Sen. Thad Cochran’s (R-Miss.) primary challenger, state Sen. Chris McDaniel, suggested on Monday that Cochran may face questions over his residency similar to those that have dogged — and in one case, toppled — other senators with primary challengers.
Speaking to reporters at a gathering of conservative candidates hosted by FreedomWorks on Monday, McDaniel said his campaign was "watching...very carefully" whether Cochran maintains a residence in the state in a response to a question about other senators who had lapses.
But McDaniel said he had never seen Cochran in Mississippi during his seven years in the state Senate, and cited anecdotal accounts from friends and supporters on the campaign trail “who have never physically laid eyes on him.”
“That’s the reality, and that begs the question, how could one be responsive to the local people if he doesn’t know the will of the people?” he said. “We’re watching that very carefully — he’s almost never in the state.”
He later added: “There are people my age that haven’t seen him, ever.
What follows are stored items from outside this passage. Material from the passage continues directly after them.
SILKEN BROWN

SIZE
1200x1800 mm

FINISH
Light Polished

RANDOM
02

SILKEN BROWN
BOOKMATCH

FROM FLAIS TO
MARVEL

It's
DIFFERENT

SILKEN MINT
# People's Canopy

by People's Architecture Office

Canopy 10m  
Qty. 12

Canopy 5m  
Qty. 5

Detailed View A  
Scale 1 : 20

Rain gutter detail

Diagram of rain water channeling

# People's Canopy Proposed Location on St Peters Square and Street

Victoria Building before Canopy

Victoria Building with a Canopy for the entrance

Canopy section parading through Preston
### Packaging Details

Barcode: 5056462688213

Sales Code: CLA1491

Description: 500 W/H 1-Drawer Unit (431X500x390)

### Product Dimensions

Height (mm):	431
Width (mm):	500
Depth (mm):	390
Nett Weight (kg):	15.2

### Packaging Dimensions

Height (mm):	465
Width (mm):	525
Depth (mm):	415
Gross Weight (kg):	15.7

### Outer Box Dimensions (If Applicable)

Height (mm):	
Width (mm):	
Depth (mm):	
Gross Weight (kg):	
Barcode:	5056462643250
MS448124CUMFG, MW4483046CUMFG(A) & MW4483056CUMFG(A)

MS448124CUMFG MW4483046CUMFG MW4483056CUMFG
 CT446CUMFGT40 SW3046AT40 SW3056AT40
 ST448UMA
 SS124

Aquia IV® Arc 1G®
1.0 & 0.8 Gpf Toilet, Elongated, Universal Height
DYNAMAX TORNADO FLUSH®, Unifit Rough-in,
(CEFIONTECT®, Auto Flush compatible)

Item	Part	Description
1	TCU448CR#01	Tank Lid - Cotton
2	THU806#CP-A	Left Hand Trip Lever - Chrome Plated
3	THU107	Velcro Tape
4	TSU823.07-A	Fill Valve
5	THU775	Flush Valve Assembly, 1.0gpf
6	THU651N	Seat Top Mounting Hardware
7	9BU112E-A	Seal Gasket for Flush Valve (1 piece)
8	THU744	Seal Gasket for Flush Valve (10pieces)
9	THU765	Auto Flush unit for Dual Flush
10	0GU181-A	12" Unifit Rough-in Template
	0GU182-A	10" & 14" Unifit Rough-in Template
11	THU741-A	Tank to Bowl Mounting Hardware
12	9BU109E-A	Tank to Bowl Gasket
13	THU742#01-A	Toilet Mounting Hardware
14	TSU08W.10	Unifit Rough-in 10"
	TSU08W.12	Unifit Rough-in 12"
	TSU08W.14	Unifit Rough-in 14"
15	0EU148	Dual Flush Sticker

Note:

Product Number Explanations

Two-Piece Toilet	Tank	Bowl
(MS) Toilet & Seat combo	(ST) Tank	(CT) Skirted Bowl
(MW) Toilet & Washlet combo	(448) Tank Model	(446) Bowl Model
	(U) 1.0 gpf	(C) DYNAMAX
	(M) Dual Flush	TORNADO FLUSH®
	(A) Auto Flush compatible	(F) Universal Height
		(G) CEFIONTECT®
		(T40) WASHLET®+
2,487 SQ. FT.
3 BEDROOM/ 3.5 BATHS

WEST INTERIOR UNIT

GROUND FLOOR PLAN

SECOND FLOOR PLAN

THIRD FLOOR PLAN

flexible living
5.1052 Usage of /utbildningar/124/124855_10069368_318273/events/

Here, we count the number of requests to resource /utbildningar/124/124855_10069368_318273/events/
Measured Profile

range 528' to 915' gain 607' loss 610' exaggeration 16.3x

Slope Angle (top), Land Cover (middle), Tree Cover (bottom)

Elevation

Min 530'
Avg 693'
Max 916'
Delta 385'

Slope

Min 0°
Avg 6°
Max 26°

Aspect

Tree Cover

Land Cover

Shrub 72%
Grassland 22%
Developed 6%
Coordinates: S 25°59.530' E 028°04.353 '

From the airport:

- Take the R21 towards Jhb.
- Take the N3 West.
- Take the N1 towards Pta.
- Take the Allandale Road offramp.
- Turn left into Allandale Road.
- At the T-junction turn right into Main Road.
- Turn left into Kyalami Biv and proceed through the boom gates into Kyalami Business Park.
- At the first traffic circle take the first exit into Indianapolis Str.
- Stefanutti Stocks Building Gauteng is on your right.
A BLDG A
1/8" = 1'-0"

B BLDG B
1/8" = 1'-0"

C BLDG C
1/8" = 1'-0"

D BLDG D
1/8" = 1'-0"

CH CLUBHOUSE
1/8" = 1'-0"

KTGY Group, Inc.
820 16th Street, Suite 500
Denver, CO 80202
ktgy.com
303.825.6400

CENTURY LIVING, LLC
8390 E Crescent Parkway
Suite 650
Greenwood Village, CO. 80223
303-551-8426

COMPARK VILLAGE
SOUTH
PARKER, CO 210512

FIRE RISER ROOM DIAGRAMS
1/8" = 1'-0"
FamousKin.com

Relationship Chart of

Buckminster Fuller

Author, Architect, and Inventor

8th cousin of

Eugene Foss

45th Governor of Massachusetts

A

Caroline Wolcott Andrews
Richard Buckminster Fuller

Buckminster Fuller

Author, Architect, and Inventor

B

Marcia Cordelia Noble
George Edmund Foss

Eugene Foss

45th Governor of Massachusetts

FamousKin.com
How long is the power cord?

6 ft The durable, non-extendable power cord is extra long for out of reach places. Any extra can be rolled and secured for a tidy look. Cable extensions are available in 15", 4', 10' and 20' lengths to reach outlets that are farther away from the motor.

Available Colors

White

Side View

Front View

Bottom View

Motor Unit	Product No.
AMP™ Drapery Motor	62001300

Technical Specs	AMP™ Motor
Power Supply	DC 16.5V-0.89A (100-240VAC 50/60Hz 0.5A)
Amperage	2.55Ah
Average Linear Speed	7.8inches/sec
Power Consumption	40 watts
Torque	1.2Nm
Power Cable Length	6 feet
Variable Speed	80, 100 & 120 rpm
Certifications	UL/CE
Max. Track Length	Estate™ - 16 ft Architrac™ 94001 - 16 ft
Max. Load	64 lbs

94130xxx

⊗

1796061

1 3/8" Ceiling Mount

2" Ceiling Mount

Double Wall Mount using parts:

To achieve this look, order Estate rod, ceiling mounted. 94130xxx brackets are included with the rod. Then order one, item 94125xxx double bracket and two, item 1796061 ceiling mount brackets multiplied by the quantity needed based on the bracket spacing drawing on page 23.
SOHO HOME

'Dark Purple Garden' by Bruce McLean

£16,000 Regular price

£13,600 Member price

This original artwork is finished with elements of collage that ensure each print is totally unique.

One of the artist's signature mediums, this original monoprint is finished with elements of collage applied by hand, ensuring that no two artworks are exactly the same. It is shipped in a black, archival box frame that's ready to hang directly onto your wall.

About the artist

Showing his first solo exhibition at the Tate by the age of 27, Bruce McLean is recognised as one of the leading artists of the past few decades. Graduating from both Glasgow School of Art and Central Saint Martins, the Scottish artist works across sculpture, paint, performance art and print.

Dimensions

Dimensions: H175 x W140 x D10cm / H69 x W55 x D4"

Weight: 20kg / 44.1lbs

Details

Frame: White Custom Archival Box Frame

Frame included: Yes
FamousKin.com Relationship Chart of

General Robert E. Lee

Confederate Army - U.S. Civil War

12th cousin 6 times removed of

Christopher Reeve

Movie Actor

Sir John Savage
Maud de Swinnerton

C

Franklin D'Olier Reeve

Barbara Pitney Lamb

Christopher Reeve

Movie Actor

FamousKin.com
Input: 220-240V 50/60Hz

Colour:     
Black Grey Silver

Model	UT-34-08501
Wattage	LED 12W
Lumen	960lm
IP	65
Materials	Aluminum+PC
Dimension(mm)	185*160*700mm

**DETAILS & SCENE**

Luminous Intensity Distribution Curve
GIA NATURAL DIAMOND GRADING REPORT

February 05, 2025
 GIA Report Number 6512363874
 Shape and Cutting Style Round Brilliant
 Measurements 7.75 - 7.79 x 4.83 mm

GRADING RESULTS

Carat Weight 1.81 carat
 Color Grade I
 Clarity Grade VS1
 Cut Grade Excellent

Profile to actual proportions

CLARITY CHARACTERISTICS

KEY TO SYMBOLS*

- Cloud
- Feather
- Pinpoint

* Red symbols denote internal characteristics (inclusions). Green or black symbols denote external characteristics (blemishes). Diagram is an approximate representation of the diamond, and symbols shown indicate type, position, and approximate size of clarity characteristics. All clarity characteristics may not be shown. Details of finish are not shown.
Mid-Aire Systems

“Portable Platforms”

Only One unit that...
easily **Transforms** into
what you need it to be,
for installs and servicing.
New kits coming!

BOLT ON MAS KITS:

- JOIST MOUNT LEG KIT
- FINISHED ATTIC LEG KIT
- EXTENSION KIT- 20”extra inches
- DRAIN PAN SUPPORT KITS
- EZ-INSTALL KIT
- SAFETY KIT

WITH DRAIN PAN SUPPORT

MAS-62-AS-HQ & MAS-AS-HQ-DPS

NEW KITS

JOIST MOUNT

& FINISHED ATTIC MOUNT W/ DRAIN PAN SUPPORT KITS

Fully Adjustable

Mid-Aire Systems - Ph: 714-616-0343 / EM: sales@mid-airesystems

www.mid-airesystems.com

And he came to my area for the first time in 24 years just a few days ago,” he added.
McDaniel’s main rationale for running has been Cochran’s long tenure in Congress, and he’s argued that the senator is out of touch with the state — an argument that would gain legs if McDaniel were able to prove outright that Cochran is never back home in the state.
Cochran’s campaign brushed off the suggestion that he’s not in the state often enough.
"That is too absurd for a response," said Cochran spokesman Jordan Russell.
Russell also said Cochran owns a home, where he lives when he’s in the state, in Oxford, Miss., and is a registered voter there. The senator was last in the state during the Jan. 22 recess and had 11 campaign stops over four days, according to his campaign, at which he spoke to hundreds of constituents and supporters.
But the residency question is an issue that helped defeat former Sen. Richard Lugar (R-Ind.) in a primary last cycle and contributed Republicans ultimately ceding the seat to Democrats, in part because the eventual nominee, Richard Mourdock, made untimely comments about rape and pregnancy just weeks before Election Day.
Concerns over similarly weak candidates making it through to the general election and costing Republicans winnable seats have contributed to a concerted effort by establishment Republicans to beat back conservative insurgent candidates in competitive races.
The Mississippi seat is expected to remain safely in Republican hands even if McDaniel defeats Cochran in the primary, but the senator is receiving substantial support from the establishment wing of the party to fend off the challenge regardless.
Still, Cochran has been appraised as the incumbent most vulnerable to a primary challenge this cycle, and his fourth-quarter fundraising numbers — he was outraised by his challenger — underscore the challenge he faces in keeping his seat.
The residency issue reared its head again last week, when it was reported that Sen. Pat Roberts (R-Kans.), also facing a primary challenge, doesn’t live in Kansas and in fact pays rent to two donors when returning for brief stints to, he joked, “have full access to the recliner.”
Though he does in fact own a home there, he rents it out. His primary challenger, radiologist Milton Wolf, this weekend decried Roberts’ “audacity to ask the very Kansans he has abandoned to support his bid to stay in Washington for a fifth decade.”
—This piece was updated at 3 p.m. to reflect comment from Cochran's campaign.